[Start of section]

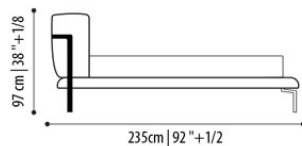

# Dominick h 15

**Struttura:** Legno massello, noce canaletto o frassino verniciato Brown, Black o Grey  
**Imbottitura:** In poliuretano espanso  
**Rivestimento:** Tessuto o pelle, parzialmente sfoderabile

**Structure:** in solid wood, Canaletto walnut or Brown, Black or Grey painted ash  
**Padding:** polyurethane foam  
**Covering:** in fabric or leather, partially removable

Misure Europee/European Sizes

Misure Americane/American Sizes
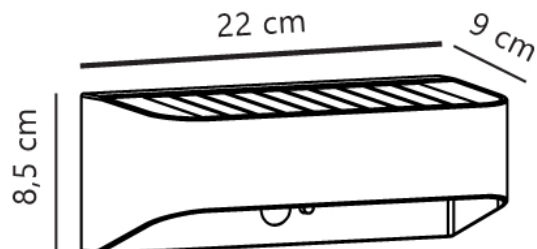

MARCELLIO SOLAR | VÆGLAMPE | BRUN

2618001018

nordlux®

Spænding (V): 5 Volt
IP-vurdering: IP54
Klasse (klasse 1, klasse 2, klasse 3): Klasse 3 (Lavvolt)
Pærefatning: Solcelle-LED –
Lyskilde kan ikke udskiftes
Placering af afbryder: På lampen
Parallelforbindelse: False

Primært materiale: Aluminium
Sekundært materiale: Glas
Egnet til kystnære områder: False
Farve: Brun

: IK02
Højde (cm): 8.5
Bredde (cm): 22
EAN-nummer: 5704924025587
TUN: 2513794
Varenummer: 2618001018
Stk. pr. master-kasse: 3

Salgskasse, højde (cm): 23
Salgskasse, bredde (cm): 10.5
Salgskasse, dybde (cm): 9.5
Salgskasse, volumen (m³): 0.0023
Nettovægt af produkt (kg): 0.75

Lysstyrke (lumen): 400
Farvetemperatur (K): 3000
Ra-værdi : 80
Batterilevetid pr. lumen:
400lm/1.5h; 40lm/11h
Batteriopladning 0 - 100 % (t.): 6
Energiklasse: Exempt
Faktisk effekt (W): 5

- Oplades via sollys • Bevægelsessensoren tænder lyset
- Lang LED-levetid (30.000 timer)

Marcellio fra det danske designstudio Says Who er en trådløs væglampe med en elegant, buet form og indbygget solcellepanel. Den oplades i løbet af dagen og tænder automatisk, når den registrerer bevægelse. Det nedadrettede lys gør den ideel ved indgange, langs havestier eller hegn. Nem at installere helt uden brug af kabler.

[End of section]

**What you are asked to do**
Could you repeat all of the entries exactly, without the pictures?

**Problem solution**
# Dominick h 15

**Struttura:** Legno massello, noce canaletto o frassino verniciato Brown, Black o Grey  
**Imbottitura:** In poliuretano espanso  
**Rivestimento:** Tessuto o pelle, parzialmente sfoderabile

**Structure:** in solid wood, Canaletto walnut or Brown, Black or Grey painted ash  
**Padding:** polyurethane foam  
**Covering:** in fabric or leather, partially removable

Misure Europee/European Sizes

Misure Americane/American Sizes

MARCELLIO SOLAR | VÆGLAMPE | BRUN

2618001018

nordlux®

Spænding (V): 5 Volt
IP-vurdering: IP54
Klasse (klasse 1, klasse 2, klasse 3): Klasse 3 (Lavvolt)
Pærefatning: Solcelle-LED –
Lyskilde kan ikke udskiftes
Placering af afbryder: På lampen
Parallelforbindelse: False

Primært materiale: Aluminium
Sekundært materiale: Glas
Egnet til kystnære områder: False
Farve: Brun

: IK02
Højde (cm): 8.5
Bredde (cm): 22
EAN-nummer: 5704924025587
TUN: 2513794
Varenummer: 2618001018
Stk. pr. master-kasse: 3

Salgskasse, højde (cm): 23
Salgskasse, bredde (cm): 10.5
Salgskasse, dybde (cm): 9.5
Salgskasse, volumen (m³): 0.0023
Nettovægt af produkt (kg): 0.75

Lysstyrke (lumen): 400
Farvetemperatur (K): 3000
Ra-værdi : 80
Batterilevetid pr. lumen:
400lm/1.5h; 40lm/11h
Batteriopladning 0 - 100 % (t.): 6
Energiklasse: Exempt
Faktisk effekt (W): 5

- Oplades via sollys • Bevægelsessensoren tænder lyset
- Lang LED-levetid (30.000 timer)

Marcellio fra det danske designstudio Says Who er en trådløs væglampe med en elegant, buet form og indbygget solcellepanel. Den oplades i løbet af dagen og tænder automatisk, når den registrerer bevægelse. Det nedadrettede lys gør den ideel ved indgange, langs havestier eller hegn. Nem at installere helt uden brug af kabler.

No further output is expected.